この対応表には暦書や解説サイトによる表記の揺れがあり、当サイトでは節切りの判定を「節入り日はその日全体を新しい節月に含める」規則(当日24:00・日本時間の太陽黄経による機械判定)で統一しています。判定方法の詳細はこのサイトについてで公開しており、2026年・2027年の全母倉日を公開2系統の暦情報と突合して算出基準を検証済みです。今月・来月の母倉日は吉日カレンダーの月別ページでバッジ表示しています。

母倉日にやると良いとされていること

「母のように慈しむ日」という由来から、人との関係を結ぶ・育む行事全般に向いているとされます。

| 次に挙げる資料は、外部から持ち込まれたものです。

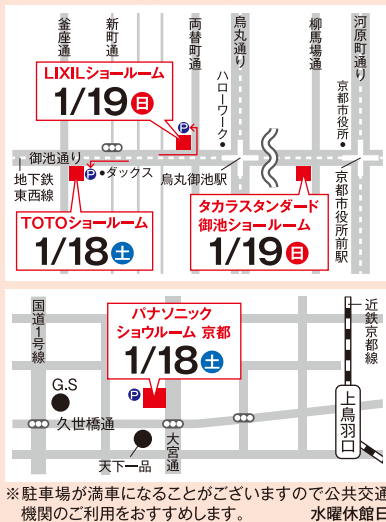

裏面にもリフォームメニューがあります。ぜひご覧ください!

チラシ有効期間 / 12月16日(月)~2月8日(土)まで

ご相談のお申し込みはこちらから (通信料はご負担ください)
0120-818-395 午前9時30分~午後5時 (日曜・祝日休)

主催:コープハウジング

コープ住まいの相談会

コープハウジングの担当者がショールームで住まいのリフォーム相談を無料で承ります。
水まわり・給湯機器・窓まわりなど、お気軽にお問い合わせください。

1月18日(土)

会場のご案内

1月19日(日)

TOTO 京都ショールーム

〒604-8271 京都市中京区金座通御池下ル津軽町763
地下鉄烏丸御池下車4-1番出口より
徒歩約5分 駐車場有

0120-43-1010

パナソニック ショールーム 京都

〒601-8127 京都市南区上鳥羽北花名町34
上鳥羽口北出口から久世橋通りを西に約10分
駐車場30台

0570-087-118

LIXIL 京都ショールーム

〒604-8176 京都市中京区御池通両替町上ル龍池町448番1
地下鉄烏丸御池下車2番出口より徒歩約1分
駐車場20台

0570-783-195

タカラスタダード 京都御池ショールーム

〒604-8101 京都市中京区柳馬場通御池下ル柳八幡町65
京都朝日ビル1F

075-256-9088 御池地下駐車場無料

お申し込み方法
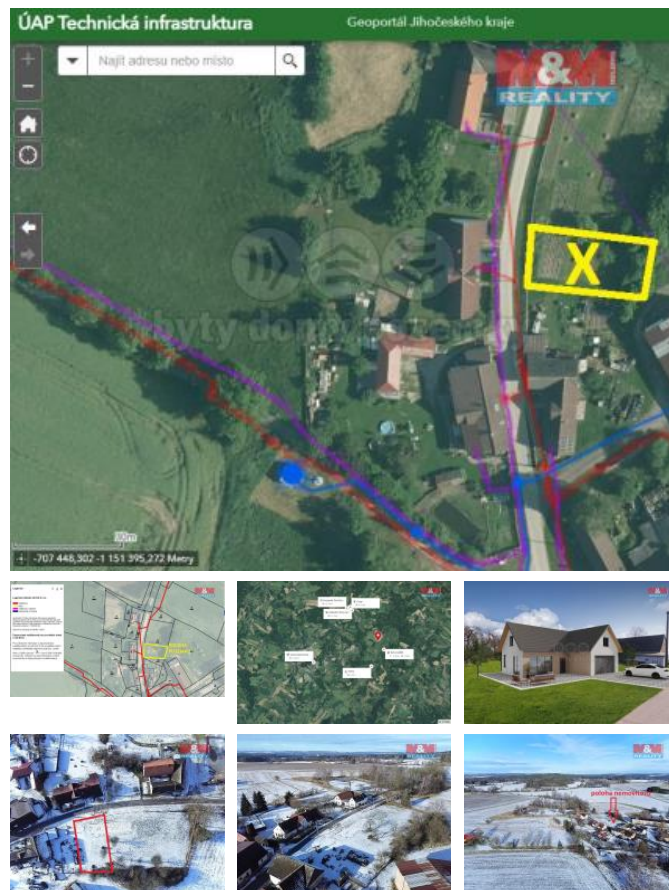

## K prodeji, pozemky - stavební / komer ní

Cena za nemovitost:

**649 000 K**

íslo inzerátu (ID): 4284132 Datum vydání: 15.01.2025

Lokalita:  
**Jind ich v Hradec**

Prodej pozemku v malebné vesnici Old iš u Blažejova. Obec není pr jezdná a nachází sedm kilometr od Jind ichova Hradce. Pozemek je ur en územním plánem k rodinné výstavb . Elekt ina vede na hranici pozemku. Ve ejný vodovod je 50 m od pozemku. Je nutné prodloužit vedení vodovodu nebo si vyvrtat studnu. Okolo pozemku vede deš ová kanalizace. Za nedlouho by se m la budovat v obci ve ejná kanalizace. P ístup na pozemek je z obecní zpevn ěné komunikace. Parcela je umíst ěna na samém okraji obce. Kousek od pozemku se nachází hala, kterou vlastní spalovna J.Hradec, kde pouze skladuje rezervní slámu.

ID inzerátu ESO:	4284132
Inzerát aktualizován:	15.01.2025
Inzerát vydán:	10.10.2024
ID zakázky v RK:	900886875
Stav:	Velmi dobrý
Vlastnictví:	Osobní
Plocha pozemku:	600 m <sup>2</sup>
Kód zakázky:	886875

  • 結婚式・披露宴・入籍 — 母倉日の代表的な使われ方
  • 出産・命名・お宮参り — 命に関わるお祝い事との相性が良いとされる
  • 引っ越し・新居への入居 — 新しい暮らしの始まりを見守ってもらう意味合い
  • 契約・開店・開業 — 「何事にも吉」とされることから
  • お見合い・顔合わせ — 人と人を結ぶ場に良いとされる

天赦日や一粒万倍日と違って「これをすると財が増える/減る」といった損得の言い伝えが薄く、もっぱら「人との関係を大切にする日」として使われてきたのが母倉日の特徴です。

凶日と重なったら?

母倉日が仏滅や不成就日と重なることもあります。この場合の解釈は流派によって分かれ、「母倉日の慈しみの力が凶を和らげる」とする説もあれば、「単純に吉凶が並存する」とする説もあります。当サイトでは特定の解釈を断定せず、吉日カレンダーに六曜・不成就日とあわせて母倉日のバッジを表示し、判断材料をそのまま提供する方針をとっています。

天赦日・一粒万倍日との違い

同じ「婚姻に良いとされる吉日」でも、それぞれ由来と頻度が異なります。

吉日 由来のイメージ 年間の目安
天赦日 天がすべての罪を赦す日 年5〜6回
一粒万倍日 一粒の籾が万倍に実る日 年60〜80回程度
母倉日 母が子を慈しむように天が人を慈しむ日 年70〜72回程度

頻度だけを見ると一粒万倍日に近い母倉日ですが、「お金にまつわる吉日」の一粒万倍日に対し、母倉日は「人との関係にまつわる吉日」という色合いの違いがあります。結婚や入籍の日取りで両方が重なる日を選ぶ人も少なくありません。

まとめ

母倉日は「母が子を慈しむように天が人を慈しむ日」とされる吉日で、節切りの月と日の干支の組み合わせにより年70回前後訪れます。結婚・入籍・出産など人との結びつきに関わるお祝い事との相性が良いとされ、天赦日や一粒万倍日と並ぶ「七箇の善日」の一つに数えられます。今月の母倉日は吉日カレンダーでいつでも確認できますので、大切な日取りを考える際の目安にしてみてください。